The global economy is expected to start growing again in the second half of the year, but the pace of recovery will be different between developing and emerging countries, such as Brazil. According to BNP Paribas chief economist for Latin America, Gustavo Arruda, the US and the Eurozone should show stronger growth this and next year, while Latin America and Brazil should start to show signs of recovery in the last six months of the year.
As for the economist, the USA and the Eurozone are expected to grow 6.9% and 4.2% this year, and in 2022, 4.7% and 5%. In Brazil, the GDP is expected to increase by 2.5% and 3%, respectively. For the first and second quarters of the year, expectations are for domestic expansion of 0.5% and 1%, which are marked by a technical recession. The first two quarters of the year are affected by mobility restrictions.
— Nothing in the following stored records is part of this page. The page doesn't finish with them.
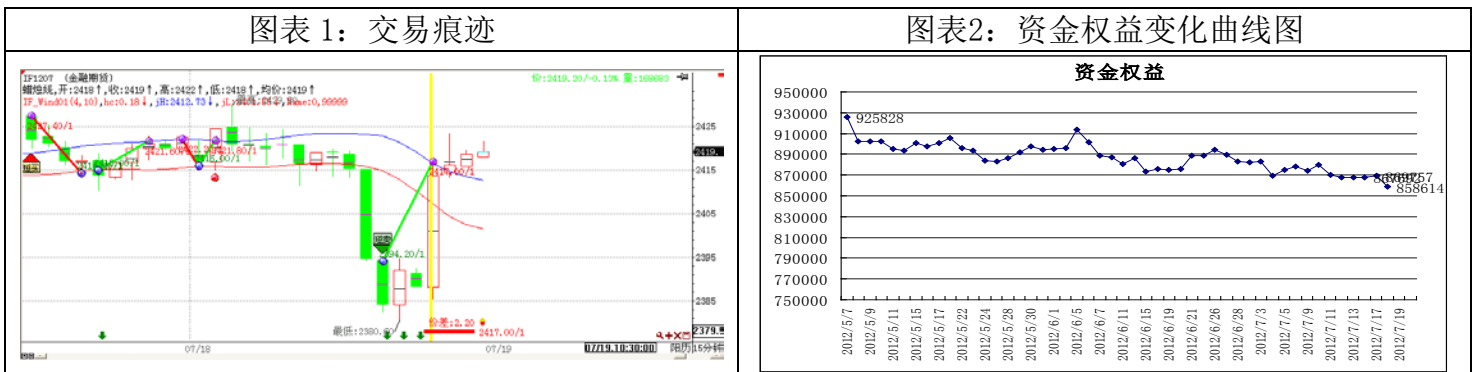

初始资金：100万仓位：固定开仓1手

测试时间：2010年6月7日-2012年4月16日 手续费标准：万分之一 滑点：1点（300元）

期末权益：148.6万(年化126%) 交易次数：607

胜率：32.29% 每手平均盈亏：800

盈亏比：2.93 最大连续亏损：-70471

模型运行收益率曲线

模型展示从2012年5月7日开始，展示期初始权益925858；

截至2012年7月19日，资金权益858624元，相对期初收益率-7.26%。

图表3：交易情况

序	商品	买/卖	开/平	价格	数量	盈利	成交时间
795	IF1207	买	开	2417	1		14:25:03 07/18
794	IF1207	买	平	2417	1		14:25:02 07/18
793	IF1207	卖	开	2394.2	1	-6840	13:30:01 07/18
792	IF1207	买	平	2421.8	1		09:43:56 07/18
791	IF1207	卖	开	2416	1	-1740	09:24:30 07/18
790	IF1207	卖	平	2415.6	1		09:24:22 07/18
789	IF1207	买	开	2422.2	1	-1980	15:14:47 07/17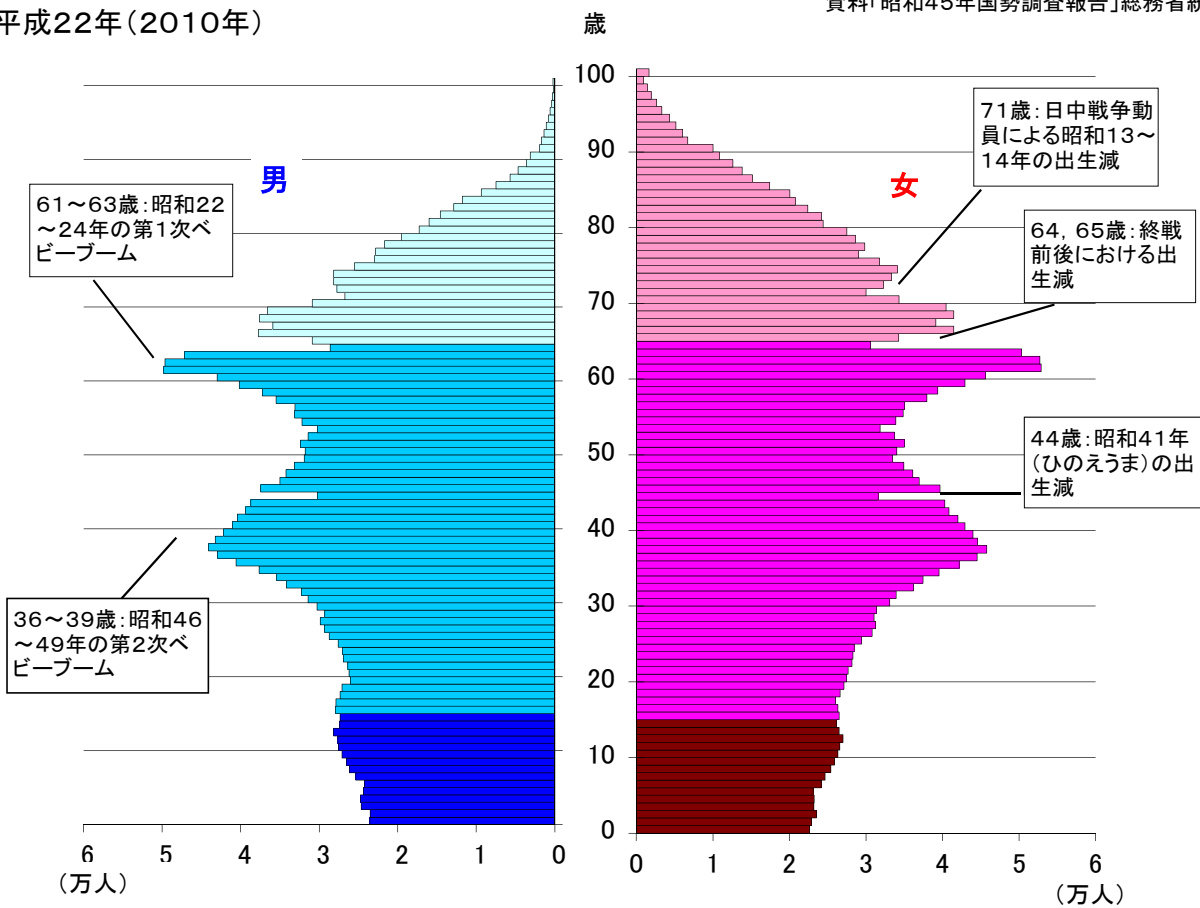

## 5 兵庫県の人口ピラミッド(男女別・1歳階級別)

- ■ 老年人口(65歳以上の人口)
- ■ 生産年齢人口(15~64歳の人口)
- ■ 年少人口(15歳未満の人口)

昭和45年(1970年)

資料「昭和45年国勢調査報告」総務省統計局

平成22年(2010年)

資料「平成22年国勢調査報告」総務省統計局

I don’t think this will have a lasting effect until the end of the year, “he estimated.
According to him, the delay in the Brazilian recovery reflects the bigger impact of the Covid-19 crisis on business. The second wave of the pandemic proved worse than the expected scenario in December. He explained during a press conference that the vaccination curve is lagging behind what we expected there, but we believe it should gain momentum from the second semester, adding that all residents should be vaccinated by the end of the first quarter of 2022.
For Arruda, the lack of vaccine inputs being checked now should not happen in the second half of the year because in addition to the Brazilian government buying vaccines from other manufacturers, developed countries like the United States and the United States should have the kingdom finished vaccinating. Vaccine, which means more vaccines are available.
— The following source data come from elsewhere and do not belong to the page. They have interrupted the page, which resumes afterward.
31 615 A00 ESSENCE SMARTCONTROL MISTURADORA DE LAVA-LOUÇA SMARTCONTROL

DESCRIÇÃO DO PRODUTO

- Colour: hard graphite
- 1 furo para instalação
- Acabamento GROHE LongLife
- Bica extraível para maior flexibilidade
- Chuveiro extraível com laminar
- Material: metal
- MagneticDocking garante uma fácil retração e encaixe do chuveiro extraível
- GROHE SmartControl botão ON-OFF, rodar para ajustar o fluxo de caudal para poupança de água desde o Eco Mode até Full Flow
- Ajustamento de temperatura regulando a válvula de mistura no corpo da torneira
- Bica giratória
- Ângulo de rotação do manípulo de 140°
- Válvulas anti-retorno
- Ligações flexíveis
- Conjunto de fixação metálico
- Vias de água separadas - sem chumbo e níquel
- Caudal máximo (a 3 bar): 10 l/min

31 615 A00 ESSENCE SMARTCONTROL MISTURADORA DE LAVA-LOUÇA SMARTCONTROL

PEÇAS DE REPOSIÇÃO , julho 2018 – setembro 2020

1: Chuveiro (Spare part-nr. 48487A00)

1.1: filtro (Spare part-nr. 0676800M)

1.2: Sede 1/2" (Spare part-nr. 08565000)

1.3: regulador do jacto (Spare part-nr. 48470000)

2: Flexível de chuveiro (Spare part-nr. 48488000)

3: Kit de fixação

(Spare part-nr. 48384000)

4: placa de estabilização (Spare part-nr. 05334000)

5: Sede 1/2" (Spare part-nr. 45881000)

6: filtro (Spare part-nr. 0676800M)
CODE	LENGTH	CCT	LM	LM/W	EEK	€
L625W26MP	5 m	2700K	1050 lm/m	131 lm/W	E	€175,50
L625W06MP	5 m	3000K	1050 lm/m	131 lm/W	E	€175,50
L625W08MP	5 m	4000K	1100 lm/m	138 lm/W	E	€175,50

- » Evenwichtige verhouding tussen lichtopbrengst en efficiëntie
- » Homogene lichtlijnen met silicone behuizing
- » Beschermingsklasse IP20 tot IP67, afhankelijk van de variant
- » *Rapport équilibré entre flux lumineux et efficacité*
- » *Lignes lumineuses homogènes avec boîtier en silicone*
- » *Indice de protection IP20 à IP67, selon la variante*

On inflation, BNP Paribas is forecast at 6.5% at the end of the year, above target. In the second and third quarters, the estimate was high, at 7.4% and 7.5%. Like other emerging countries, commodities are expected to continue to put pressure on food prices. For 2022, the IPCA is projected to be 4%.
Arruda also indicated that while Brazil’s central bank adopts an inflation target regime and looks at the next twelve months, the US is using average indicators. “The Federal Reserve (Federal Reserve, British Columbia, USA) remains calm and accepts the risk of further inflation. The Fed has changed the outlook for its inflation target and is therefore more willing to accept rising inflation for some time.”
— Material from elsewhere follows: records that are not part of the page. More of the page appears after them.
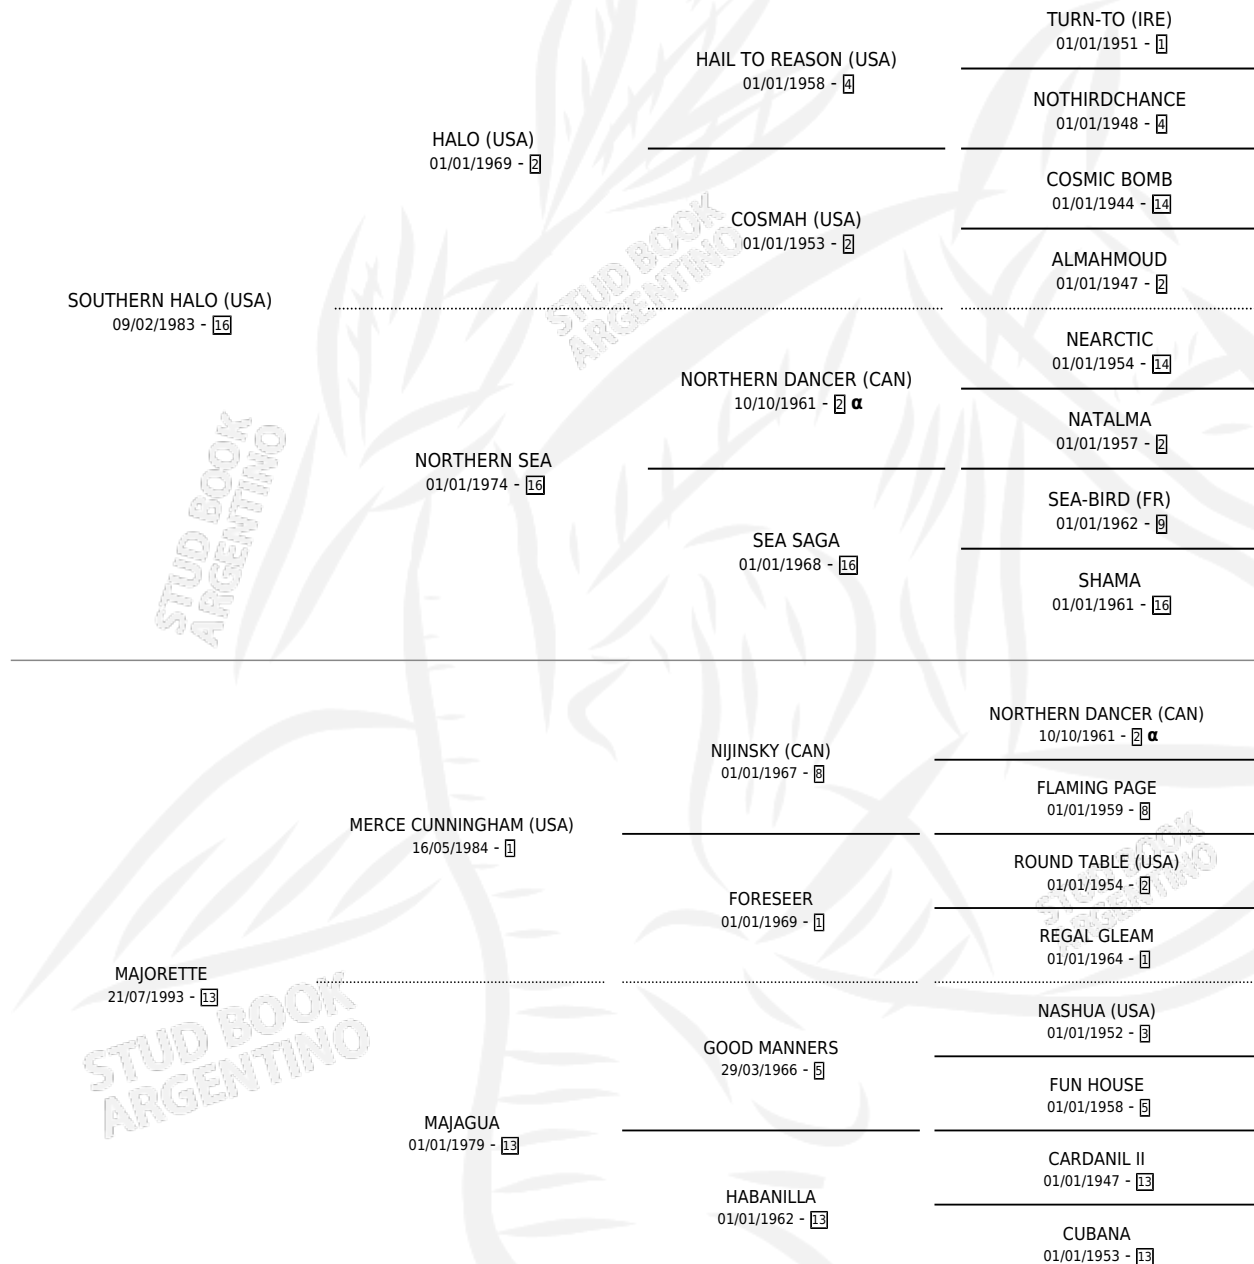

MAKER

por **SOUTHERN HALO (USA)** y **MAJORETTE** por **MERCE CUNNINGHAM (USA)**

Argentina · Macho · Zaino · SP · 26/09/2006
Familia 13-e · Volumen 39

ESTADO

TIPIFICACIÓN SANGUÍNEA	X
TIPIFICACIÓN POR ADN	✓
PASAPORTE	X
IDENTIFICACIÓN POR MICROCHIP	X
REPRODUCTOR	X

Lugar de nacimiento: La Quebrada
Criador: La Quebrada

PEDIGREE

INBREEDING : α

EXPORTACIÓN / IMPORTACIÓN

FECHA	MOVIMIENTO	PAÍS
05/07/2010	EXPORTADO	ESTADOS UNIDOS

~

CAMPAÑA

Solo carreras oficiales de Argentina

Ganador de 2 carreras en Palermo - \$90,900, a los 2 y 3 años.

POR DISTANCIA

HIPODROMO	CC	1°	2°	3°	4°	5°	NP	CLC	CLG	CLCG1	CLGG1	IMPORTE
PALERMO	4	2	0	0	1	0	1	1	0	1	0	\$76,500
1400 MTS	3	2	0	0	1	0	0	0	0	0	0	\$76,500
1500 MTS	1	0	0	0	0	0	1	1	0	1	0	\$0
SAN ISIDRO	2	0	1	0	1	0	0	0	0	0	0	\$14,400
1200 MTS	1	0	1	0	0	0	0	0	0	0	0	\$11,200
1000 MTS	1	0	0	0	1	0	0	0	0	0	0	\$3,200

As for the exchange rate, the economist said that the rate will remain weak, in response to concerns about the financial issue and political deadlocks. “The value of foreign currencies has been greatly devalued, and there is room for appreciation, but we do not believe in the short term. The exchange rates are expected to reach the end of the year at 5 Brazilian reals,” he estimated. For Selic, the estimate is set to reach 5% this year and 6.5% in 2022.